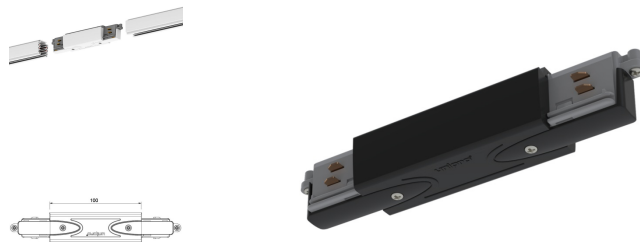

Unipro Mitteleinspeiser

Product information "Unipro Mitteleinspeiser"

Technical Details:

Housing Material:	class VO polycarbonate
Housing Color	black
Dimensions	180x30x34 mm
Net Weight:	110 g

Information and Downloads:
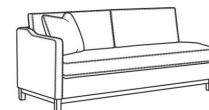

Inside: 100W x 22D

(L) 6000-10R Corner Sofa (111w)

Ryan / 6000-10R

Corner Sofa (111W)

Outside: 111W x 36.5D x 35H

Inside: 100W x 22D

(L) 6000-10RB Corner Sofa (111w)

Ryan / 6000-10RB

Corner Sofa (111W)

Outside: 111W x 36.5D x 35H

Inside: 100W x 22D

(L) 6000-11L One Arm Sofa (75w)

Ryan / 6000-11L

One Arm Sofa (75W)

Outside: 75W x 36.5D x 35H

Inside: 72W x 22D
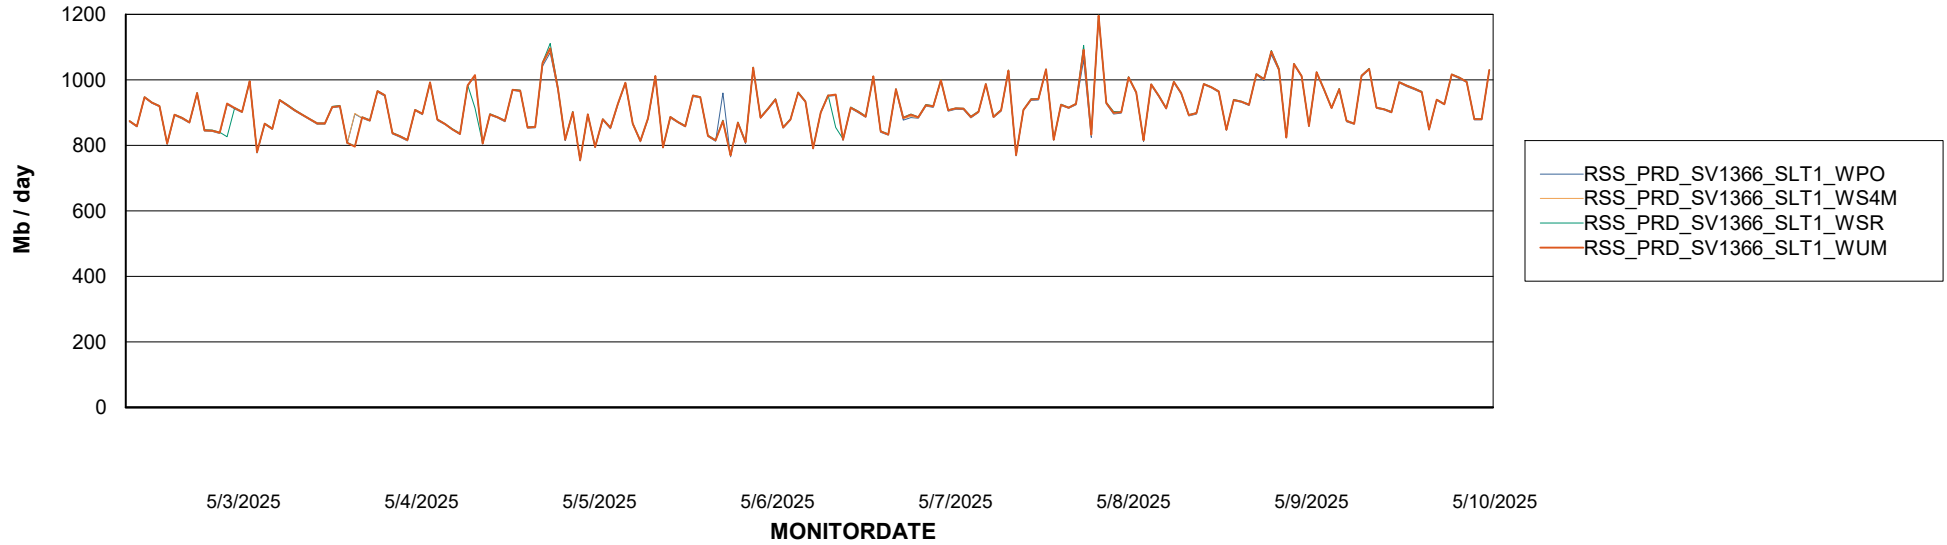

ABSSolute Web Component Services

Avg memory used per ABS Web component
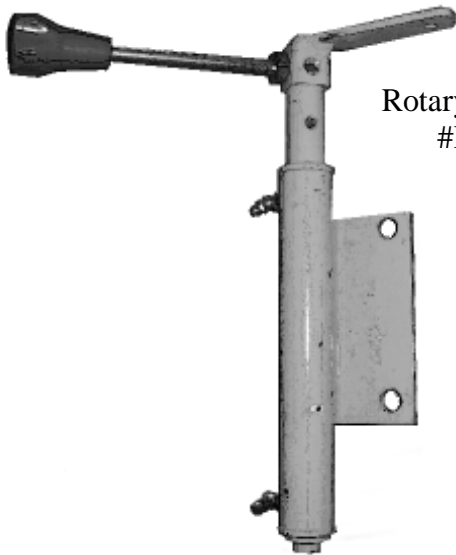

## Rotary Spool, Throttle Cables & Accessories

Rotary Spool Valve Cable c/w Clevis, Pin & Bellows  
#3146-LTT-4-130

Throttle Switch #SW55021-07  
Toggle Boot #BT81264  
Junction Box #JCN82-1000

Throttle Cable c/w Clevis & Pin  
#173-VTT-3-(Length in inches)

Rotary Spool Lever  
#RSL-G30

Throttle Box  
#THRTL BX-01

Friction Control c/w Swivel  
#C72726
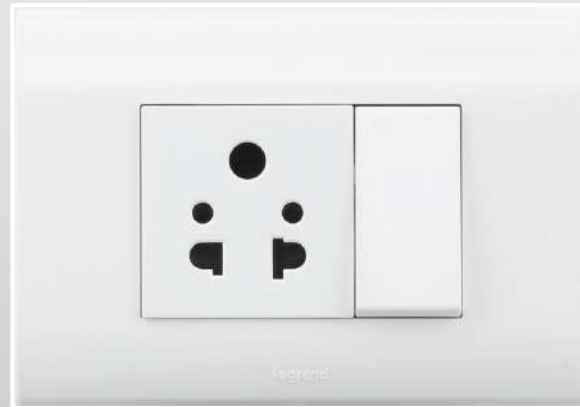

Living Now Touch Switch

Living Now Touch Switch

Living Now Voice Control Switch

Living Now Full Touch Floating Frame Switch

# Sockets

Myrius Multistandard Socket

Arteor - TV Sockets- TV Single Co-Axial Socket 1 Module 22.5 X 45 Mm(Magnesium)

Arteor - Double USB Sockets - 5 V - 1500 MA(White)

Arteor - Double Socket 4 Modules 90 X 45 Mm(Magnesium)

Myrius Power Strip - 6 A (2 Nos.) + 16 A Socket (1 No.) + 16 A Switch With Indicator (1 No.)

Myrius 6 A 5 Pin Universal Socket

Adorne 15A One-Gang Pop-Out Outlet

Legrand pop up box
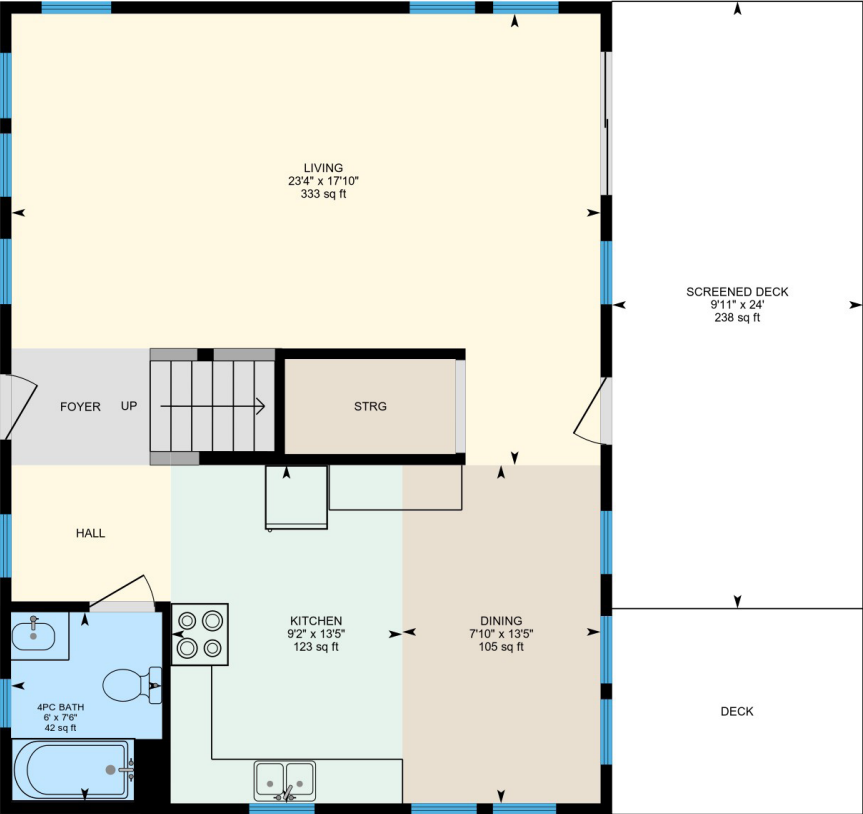

16 Grenadier Island, Leeds And The Thousand Islands, ON

Main Floor Exterior Area 778.50 sq ft
Interior Area 727.42 sq ft
Excluded Area 238.23 sq ft

0 3 6 ft

PREPARED: 2023/09/15

2nd Floor Exterior Area 706.89 sq ft
Interior Area 655.89 sq ft
Excluded Area 74.54 sq ft
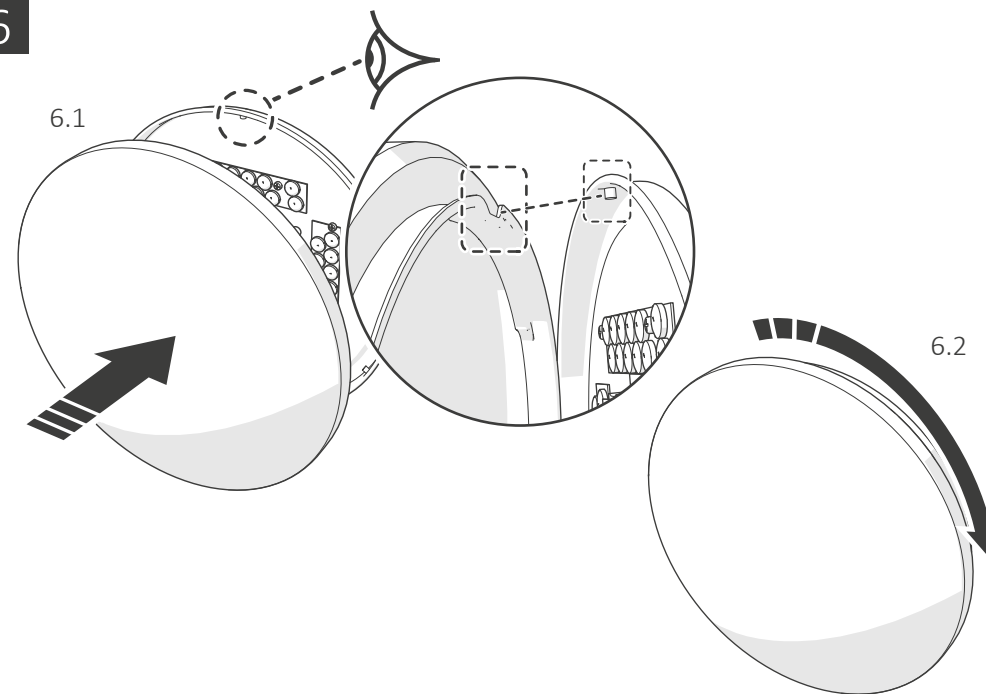

6

Warranty/ Technical & contact information are all available at www.integral-led.com

IS1021 A

All Trademarks Acknowledged

Integral LED is a division of Integral Memory plc:
Unit 6, Iron Bridge Close, Iron Bridge Business Park,
London, NW10 0UF, UK
Integral Europe BV, 2801 DG, NL
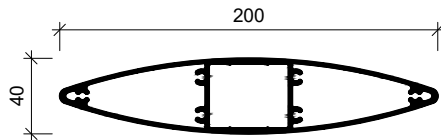

MF150
EXTRUDED ALUMINIUM

MF200
EXTRUDED ALUMINIUM

MF200x40
EXTRUDED ALUMINIUM

MF300
EXTRUDED ALUMINIUM

MF300x50 *
EXTRUDED ALUMINIUM

* NOT AVAILABLE IN SMALL QUANTITIES

MF MAXIM FINS
BLADE PROFILES (1)

www.maximlouvres.com.au
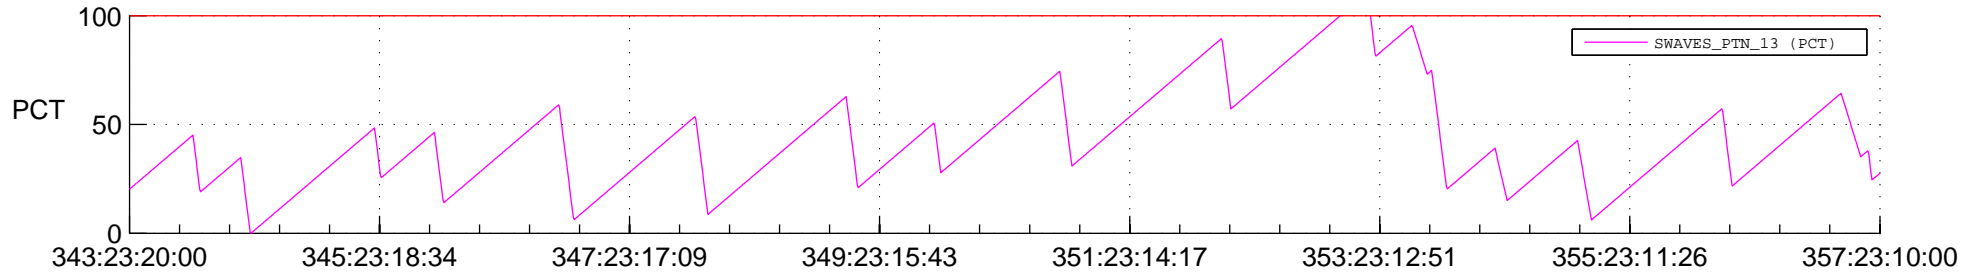

STEREO AHEAD SSR PCT Full Prediction

SWAVES_Percent_Full_Prediction

IMPACT_Percent_Full_Prediction

PLASTIC_Percent_Full_Prediction

Spacecraft_DownLink_Rate

Ground Time (2015:343:23:20:00.000 -2015:357:23:10:00.000)
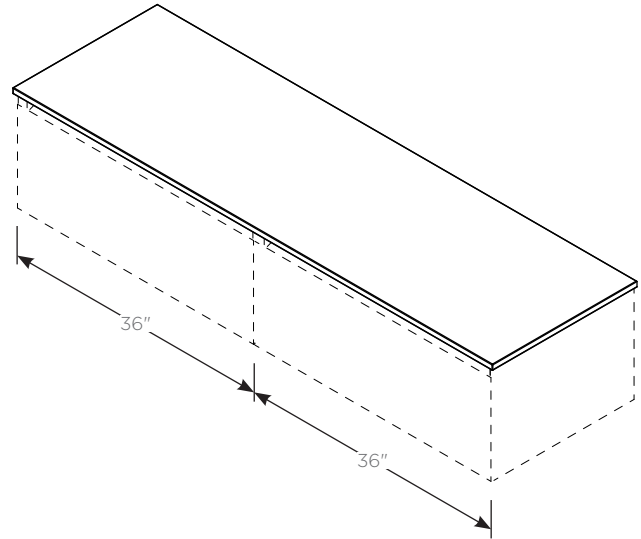

Features

- Silestone Quartz surface
- Can be configured without a sink for a wall mounted nightstand or credenza assembly.

Dimensions

Width: 73" (1854 mm)
Depth: 19" (483 mm)
Thickness: 3/4" (19 mm)
Weight: 93 lbs (42.2 kg)

Options

- Stone Top Color Options:
  - Quartz White
  - White Zeus Extreme
  - Stone Gray
  - Lyra
  - Lava Black
- Sink Configurations:
  - Dry Top (No Sink)
  - Vessel (Fabrication Required)

Model Number Key

	T	E	73	G	92
Category	T = Top				
Depth	E = 19" (483 mm) Engineered Stone				
Width	73" (1854 mm)				
Sink Type	G = Dry Top or Vessel (Fabrication Required)				
Colors	90 = Engineered Stone, Lava Black (Silestone Tebas Black) 91 = Engineered Stone, Stone Gray (Silestone Expo Gray) 92 = Engineered Stone, Quartz White (Silestone White Storm) 93 = Engineered Stone, White Zeus Extreme (Silestone) 94 = Engineered Stone, Lyra (Silestone)
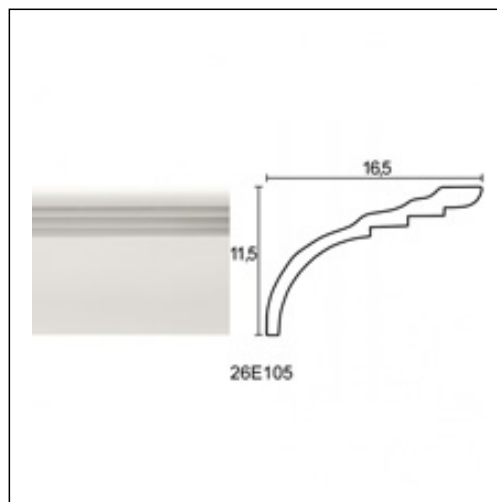

Large Linear Cornices / Tokyo

Cat.No. 26.E.105

Large Linear Cornice

Width: 16.5 cm.

Length: 225 cm.

Height: 11 cm.

RELATIVE PRODUCT PHOTOS

• **Work task**: Go through the data above and print exactly the lines from its first line through the line holding "Avg memory used per ABS Web component", both included, leaving pictures aside.

• **Output of the exercise**:
Unipro Mitteleinspeiser

Product information "Unipro Mitteleinspeiser"

Technical Details:

Housing Material:	class VO polycarbonate
Housing Color	black
Dimensions	180x30x34 mm
Net Weight:	110 g

Information and Downloads:

Inside: 100W x 22D

(L) 6000-10R Corner Sofa (111w)

Ryan / 6000-10R

Corner Sofa (111W)

Outside: 111W x 36.5D x 35H

Inside: 100W x 22D

(L) 6000-10RB Corner Sofa (111w)

Ryan / 6000-10RB

Corner Sofa (111W)

Outside: 111W x 36.5D x 35H

Inside: 100W x 22D

(L) 6000-11L One Arm Sofa (75w)

Ryan / 6000-11L

One Arm Sofa (75W)

Outside: 75W x 36.5D x 35H

Inside: 72W x 22D

ABSSolute Web Component Services

Avg memory used per ABS Web component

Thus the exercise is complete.